*MATERIAL FOR THIS EXERCISE:*
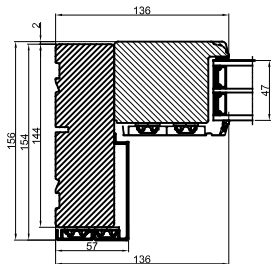

A

B

B

A

Lodret snit A /
Vertical section A

Standard: Malet fyrbund med
trinafdækning/ Standard: Painted
pine base with threshold covering

Tilvalg: Fingerskaret
egetrin/Optional:
Finger-jointed oak threshold

Lodret snit B /
Vertical section B

		Outline Vinduer A/S Fabriksvej 4 DK-9640 Farsø www.outline.dk
Tegn. nr.	950-06	Målestok
Int.		JONSTA
Rev. nr.		01
Rev. dato.		2026-04-29
Benævnelse: Træ/alu 3-lags Bred hæveskydedør (HS25)		
Description: 3-layer wood/alu Double sliding door		
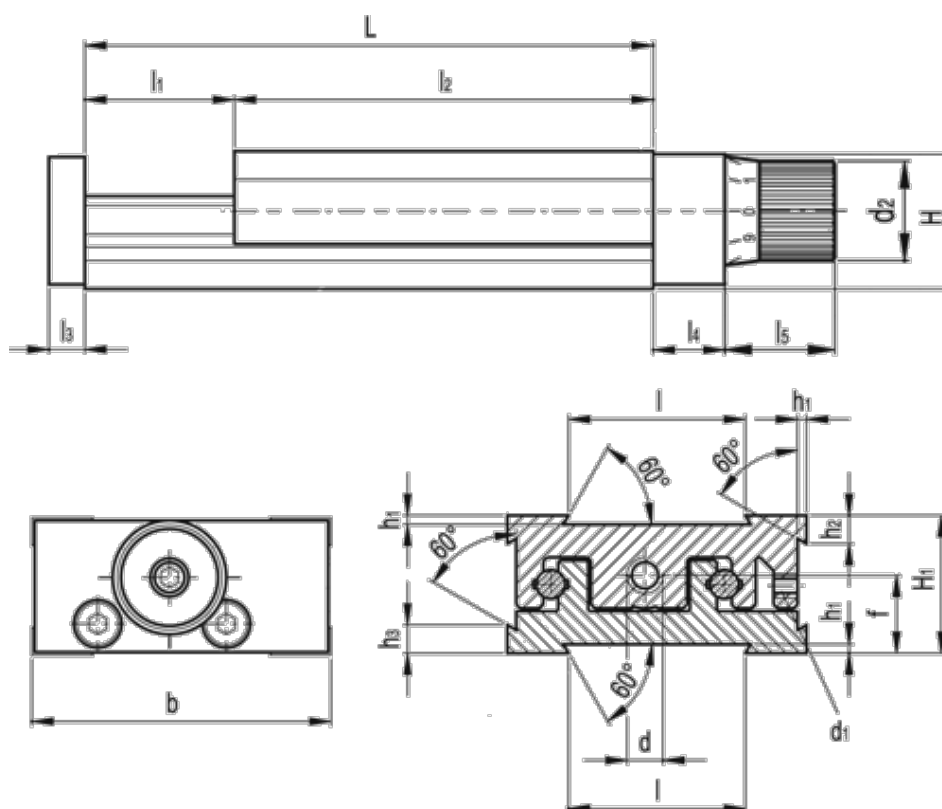

Varenummer: 20770031
 Beskrivelse: Justerbar slædeenhed
 GN 900-120-210-50-D-1

Mål

b = 120	h2 = 13.8
d = M10x1	h3 = 13.8
d1 = M5	l = 80
d2 = 34	L - l1 = 210-50
f = 26.3	l2 = 160
H = 45.0	l3 = 10
h1 = 2.0	l4 = 18
H1 = 46	l5 = 34
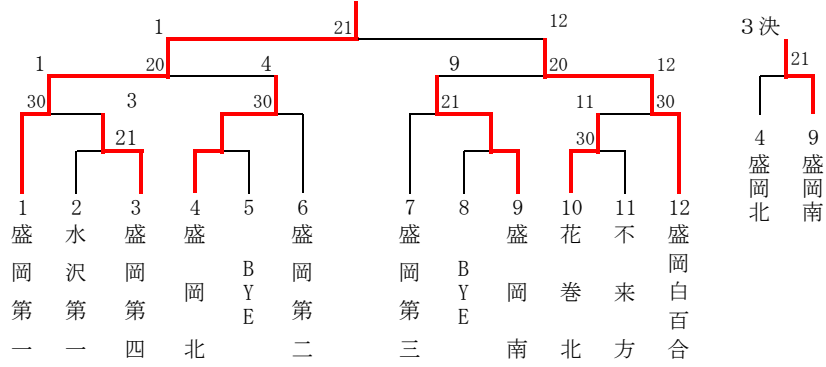

優勝 岩手高校 (2年連続15回目)

準優勝 盛岡第一高校

第3位 盛岡南高校

(岩手高校はインターハイ出場)

(第三位まで東北大会へ出場)

テニス(女子団体)

優勝 盛岡第一高校

順位	学校名	盛岡第一高校 23	盛岡第二高校 2	盛岡第三高校 3	盛岡第四高校 0
	監督名	藤島 努	小田 諭	石村 隆彦	秋篠 裕子
	1 *主将	* 藤島 夏海② S 10	柳生 佳乃③ S 1	* 藤代 春菜② S 3	太田代 奈美③ S
	2 選手名	中村 ひかる① S 5	近江 秋乃③ S 1	佐々木 愛① S	佐々木 春花② S
	3 学年	永田 亜海② S 5	* 金澤 友希③ S	平中 千夏②	小坂 理緒③
	4 S出場	高橋 里奈② S 3	柴崎 春香②	佐々木 陽菜②	阿部 みゆき③
5 S P	鈴木 裕香子① S	佐々木 美穂③	西尾 遥菜②	* 餅 しほり③	
順位	学校名	盛岡北高校 1	盛岡南高校 1	不来方高校 0	盛岡白百合学園 15
	監督名	村上 治昭	樋沢 豊	新沼 周子	小野寺 俊博
	1 *主将	* 中條 奈菜花③ S 1	中田 春菜② S 1	* 相馬 れい③	女鹿 愛佳② S 7
	2 選手名	藤村 智紘③	* 工藤 明日香③ S	大和田 愛②	鍋倉 杏沙① S 3
	3 学年	宮田 友利恵②	内澤 加奈子③ S	岩泉 えみ②	* 佐藤 彩花③ S 3
	4 S出場	石田 弥那③	須藤 ちえ美② S	室岡 歩乃美①	川村 友理③ S 1
5 S P	梅津 葵②	坂本 華穂③	水本 恵①	石田 梨奈① S 1	
順位	学校名	花巻北高校 0	水沢第一高校 0		
	監督名	安藤 智彩保	三品 淳子		
	1 *主将	* 伊藤 利菜子③ S	* 後藤 雅③ S		
	2 選手名	佐々木 友里恵③ S	阿部 紫陽花③		
	3 学年	八重樫 和泉③ S	村上 未来③		
	4 S出場	高橋 陽③	三浦 恵里花③		
5 S P	梅野 里美③	及川 舞美③			
順位	学校名				
	監督名				
	1 *主将				
	2 選手名				
	3 学年				
	4 S出場				
5 S P					
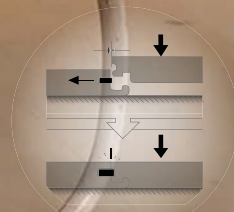

ZÁMOK G5

Jednoduchú montáž
umožňuje zámok G5

SCHODOVÉ HRANY PRE KAŽDÚ PODLAHU

Do 4 týždňov dodanie
schodových hrán vyrobených
priamo z podlahových lamiel
pre Vaše perfektné schody

IDEÁLNE PRE PODLAHOVÉ VYKUROVANIE
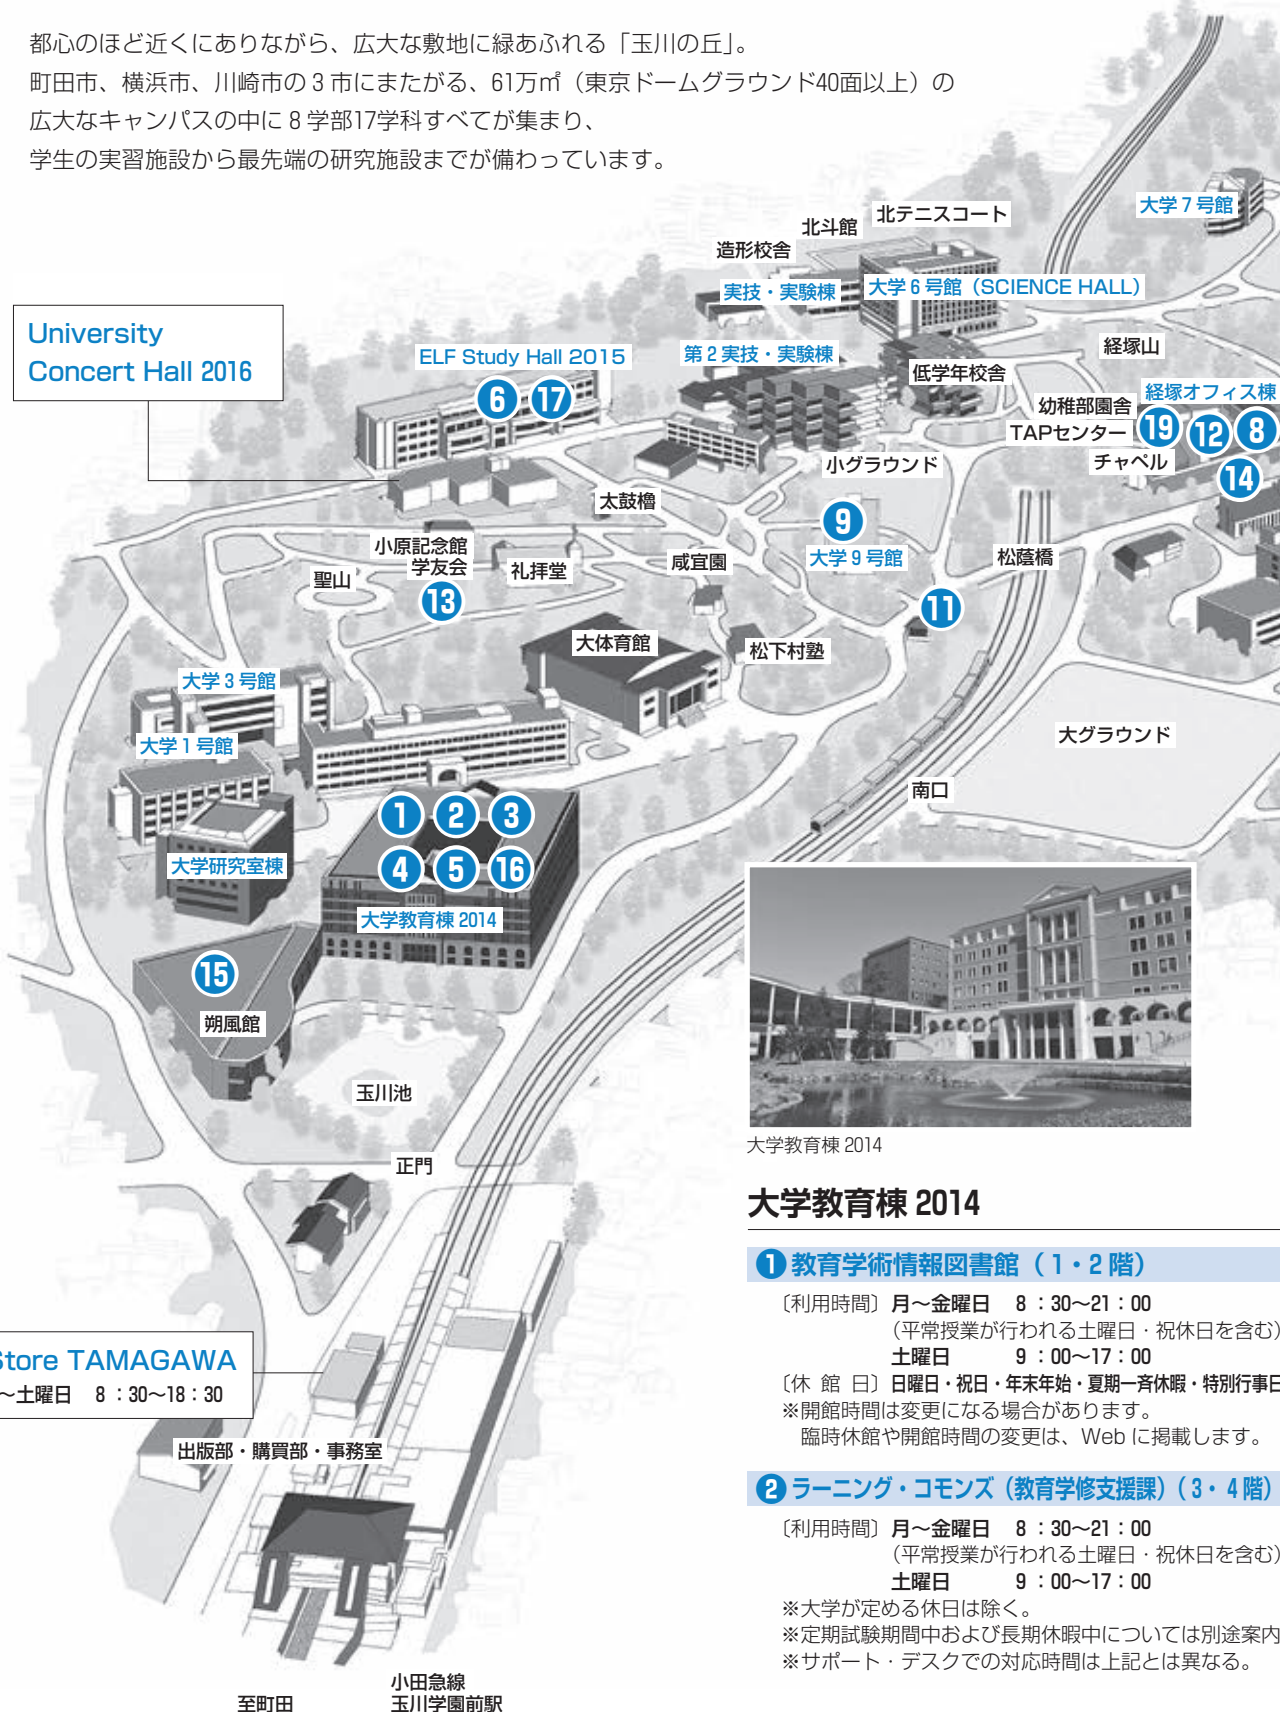

1 玉川学園案内図

広大な敷地に幼稚園から大学、大学院、研究機関まで「玉川教育」のすべてがそろった有数の一体型キャンパスです。

都心のほど近くにありながら、広大な敷地に緑あふれる「玉川の丘」。町田市、横浜市、川崎市の3市にまたがる、61万㎡（東京ドームグラウンド40面以上）の広大なキャンパスの中に8学部17学科すべてが集まり、学生の実習施設から最先端の研究施設までが備わっています。

大学教育棟 2014

大学教育棟 2014

- 1 教育学術情報図書館 (1・2階)**

【利用時間】月～金曜日 8:30～21:00
 (平常授業が行われる土曜日・祝休日を含む)
 土曜日 9:00～17:00
 【休館日】日曜日・祝日・年末年始・夏期一斉休暇・特別行事日
 ※開館時間は変更になる場合があります。
 臨時休館や開館時間の変更は、Webに掲載します。
- 2 ラーニング・コモンズ (教育学修支援課) (3・4階)**

【利用時間】月～金曜日 8:30～21:00
 (平常授業が行われる土曜日・祝休日を含む)
 土曜日 9:00～17:00
 ※大学が定める休日は除く。
 ※定期試験期間中および長期休暇中については別途案内。
 ※サポート・デスクでの対応時間は上記とは異なる。

Campus Store TAMAGAWA
 (営業時間) 月～土曜日 8:30～18:30

出版部・購買部・事務室

至町田 小田急線 玉川学園前駅

(1階) 総務部 (総合受付)・教育企画部広報課
(3階) 経理部
(4階) 学術研究所 (研究促進室・知的財産本部)

9 継続学習センター TUCL

10 教育博物館

〔開館時間〕9:00～17:00 (入館は16:30まで)
〔休館日〕土曜日・日曜日・祝休日、大学が定める休日、展示替期間
※臨時休館日・臨時開館日などはホームページにて確認してください。

11 保健センター 健康院

〔利用時間〕月～金曜日 8:30～12:00 13:00～17:00
(平常授業が行われる土・祝休日は開室)
※平日の12:00～13:00の間は昼休みですが、緊急の場合は受け付けます。

*WORK TO COMPLETE:* Output a verbatim copy of all entries above; no pictures go in it.

*ANSWER:*
A

B

B

A

Lodret snit A /
Vertical section A

Standard: Malet fyrbund med
trinafdækning/ Standard: Painted
pine base with threshold covering

Tilvalg: Fingerskaret
egetrin/Optional:
Finger-jointed oak threshold

Lodret snit B /
Vertical section B

		Outline Vinduer A/S Fabriksvej 4 DK-9640 Farsø www.outline.dk
Tegn. nr.	950-06	Målestok
Int.		JONSTA
Rev. nr.		01
Rev. dato.		2026-04-29
Benævnelse: Træ/alu 3-lags Bred hæveskydedør (HS25)		
Description: 3-layer wood/alu Double sliding door		

Varenummer: 20770031
 Beskrivelse: Justerbar slædeenhed
 GN 900-120-210-50-D-1

Mål

b = 120	h2 = 13.8
d = M10x1	h3 = 13.8
d1 = M5	l = 80
d2 = 34	L - l1 = 210-50
f = 26.3	l2 = 160
H = 45.0	l3 = 10
h1 = 2.0	l4 = 18
H1 = 46	l5 = 34

優勝 岩手高校 (2年連続15回目)

準優勝 盛岡第一高校

第3位 盛岡南高校

(岩手高校はインターハイ出場)

(第三位まで東北大会へ出場)

テニス(女子団体)

優勝 盛岡第一高校

順位	学校名	盛岡第一高校 23	盛岡第二高校 2	盛岡第三高校 3	盛岡第四高校 0
	監督名	藤島 努	小田 諭	石村 隆彦	秋篠 裕子
	1 *主将	* 藤島 夏海② S 10	柳生 佳乃③ S 1	* 藤代 春菜② S 3	太田代 奈美③ S
	2 選手名	中村 ひかる① S 5	近江 秋乃③ S 1	佐々木 愛① S	佐々木 春花② S
	3 学年	永田 亜海② S 5	* 金澤 友希③ S	平中 千夏②	小坂 理緒③
	4 S出場	高橋 里奈② S 3	柴崎 春香②	佐々木 陽菜②	阿部 みゆき③
5 S P	鈴木 裕香子① S	佐々木 美穂③	西尾 遥菜②	* 餅 しほり③	
順位	学校名	盛岡北高校 1	盛岡南高校 1	不来方高校 0	盛岡白百合学園 15
	監督名	村上 治昭	樋沢 豊	新沼 周子	小野寺 俊博
	1 *主将	* 中條 奈菜花③ S 1	中田 春菜② S 1	* 相馬 れい③	女鹿 愛佳② S 7
	2 選手名	藤村 智紘③	* 工藤 明日香③ S	大和田 愛②	鍋倉 杏沙① S 3
	3 学年	宮田 友利恵②	内澤 加奈子③ S	岩泉 えみ②	* 佐藤 彩花③ S 3
	4 S出場	石田 弥那③	須藤 ちえ美② S	室岡 歩乃美①	川村 友理③ S 1
5 S P	梅津 葵②	坂本 華穂③	水本 恵①	石田 梨奈① S 1	
順位	学校名	花巻北高校 0	水沢第一高校 0		
	監督名	安藤 智彩保	三品 淳子		
	1 *主将	* 伊藤 利菜子③ S	* 後藤 雅③ S		
	2 選手名	佐々木 友里恵③ S	阿部 紫陽花③		
	3 学年	八重樫 和泉③ S	村上 未来③		
	4 S出場	高橋 陽③	三浦 恵里花③		
5 S P	梅野 里美③	及川 舞美③			
順位	学校名				
	監督名				
	1 *主将				
	2 選手名				
	3 学年				
	4 S出場				
5 S P					

ZÁMOK G5

Jednoduchú montáž
umožňuje zámok G5

SCHODOVÉ HRANY PRE KAŽDÚ PODLAHU

Do 4 týždňov dodanie
schodových hrán vyrobených
priamo z podlahových lamiel
pre Vaše perfektné schody

IDEÁLNE PRE PODLAHOVÉ VYKUROVANIE

1 玉川学園案内図

広大な敷地に幼稚園から大学、大学院、研究機関まで「玉川教育」のすべてがそろった有数の一体型キャンパスです。

都心のほど近くにありながら、広大な敷地に緑あふれる「玉川の丘」。町田市、横浜市、川崎市の3市にまたがる、61万㎡（東京ドームグラウンド40面以上）の広大なキャンパスの中に8学部17学科すべてが集まり、学生の実習施設から最先端の研究施設までが備わっています。

大学教育棟 2014

大学教育棟 2014

- 1 教育学術情報図書館 (1・2階)**

【利用時間】月～金曜日 8:30～21:00
 (平常授業が行われる土曜日・祝休日を含む)
 土曜日 9:00～17:00
 【休館日】日曜日・祝日・年末年始・夏期一斉休暇・特別行事日
 ※開館時間は変更になる場合があります。
 臨時休館や開館時間の変更は、Webに掲載します。
- 2 ラーニング・コモンズ (教育学修支援課) (3・4階)**

【利用時間】月～金曜日 8:30～21:00
 (平常授業が行われる土曜日・祝休日を含む)
 土曜日 9:00～17:00
 ※大学が定める休日は除く。
 ※定期試験期間中および長期休暇中については別途案内。
 ※サポート・デスクでの対応時間は上記とは異なる。

Campus Store TAMAGAWA
 (営業時間) 月～土曜日 8:30～18:30

出版部・購買部・事務室

至町田 小田急線 玉川学園前駅

(1階) 総務部 (総合受付)・教育企画部広報課
(3階) 経理部
(4階) 学術研究所 (研究促進室・知的財産本部)

9 継続学習センター TUCL

10 教育博物館

〔開館時間〕9:00～17:00 (入館は16:30まで)
〔休館日〕土曜日・日曜日・祝休日、大学が定める休日、展示替期間
※臨時休館日・臨時開館日などはホームページにて確認してください。

11 保健センター 健康院

〔利用時間〕月～金曜日 8:30～12:00 13:00～17:00
(平常授業が行われる土・祝休日は開室)
※平日の12:00～13:00の間は昼休みですが、緊急の場合は受け付けます。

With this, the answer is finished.